Key takeaways include:

Technological Advancement: NE-AFM overcomes limitations of traditional Atomic Force Microscopy (AFM) by using a nanoneedle probe (about 160 nm in diameter) inserted directly into the cell. This method avoids interference from the cell membrane and cytoskeleton, providing an accurate, nanoscale map of the nucleus's mechanical properties (Ichikawa et al., 2024).

Cancer Findings in Lung Cancer Cells (PC9):

Nuclear Stiffening: Human lung cancer cells (PC9) showed significantly increased nuclear elasticity (stiffening) under serum-free conditions. This correlated with increased chromatin compaction, specifically marked by higher levels of trimethylation of histone H4 at lysine 20 (H4K20me3).

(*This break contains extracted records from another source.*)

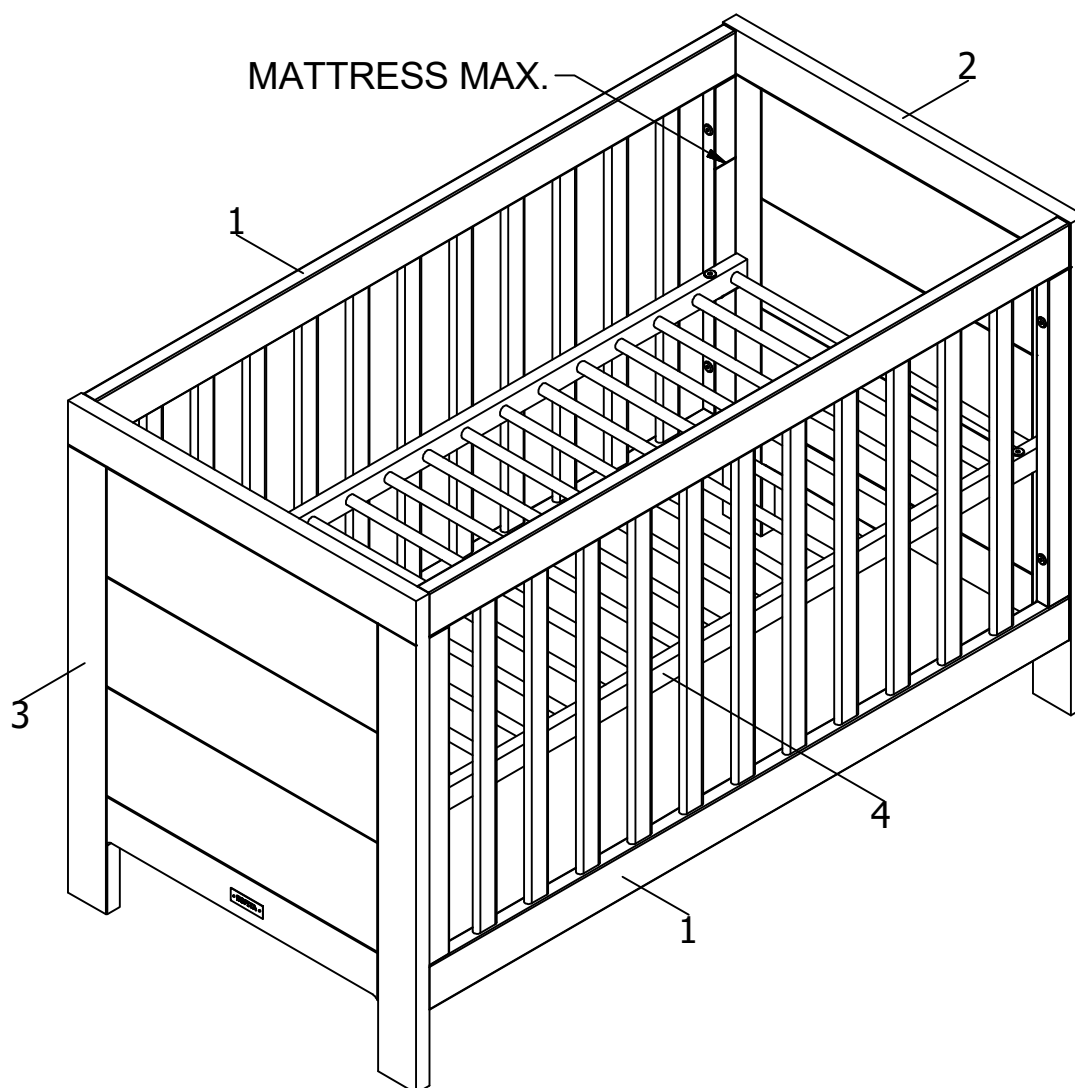

bopita®

ASSEMBLY INSTRUCTION
MONTAGE HANDLEIDING
MONTAGE ANLEITUNG
NOTICE DE MONTAGE
MANUAL DE MONTAJE

UK
NL
D
F
ESP

MODEL
TYPE
COLOUR
ART.CODE

:NOAH
:BED 60X120
:WHITE
:114147.11.

Distributor:

BOPITA
Energieweg 1
6662 NS Elst
The Netherlands

www.bopita.com

28.01.2020.

									
M6X50 8X	M6 4X	2X	2X	Ø8X40 4X	SW4 1X				
artcode: 441016		artcode: 442015		artcode: 897012		artcode:		artcode: 445001	
									
SW5 1X									
artcode: 445002

Nuclear Softening: Treatment with Transforming Growth Factor beta (TGF-$\beta$), which induces epithelial–mesenchymal transition (EMT) (a process linked to metastasis), caused nuclear softening and a reduction in H4K20me3 levels.
Mechanism of Elasticity Change: The study suggests that changes in nuclear elasticity are primarily driven by chromatin compaction states (changes in how DNA and proteins are packed), not by alterations in nuclear lamins (Ichikawa et al., 2024).

Relevance to Metastasis: Brain-metastatic derivatives of PC9 cells (PC9-BrM) showed similar elasticity trends, implying that chromatin regulation of nuclear mechanics plays a role in their invasive behavior.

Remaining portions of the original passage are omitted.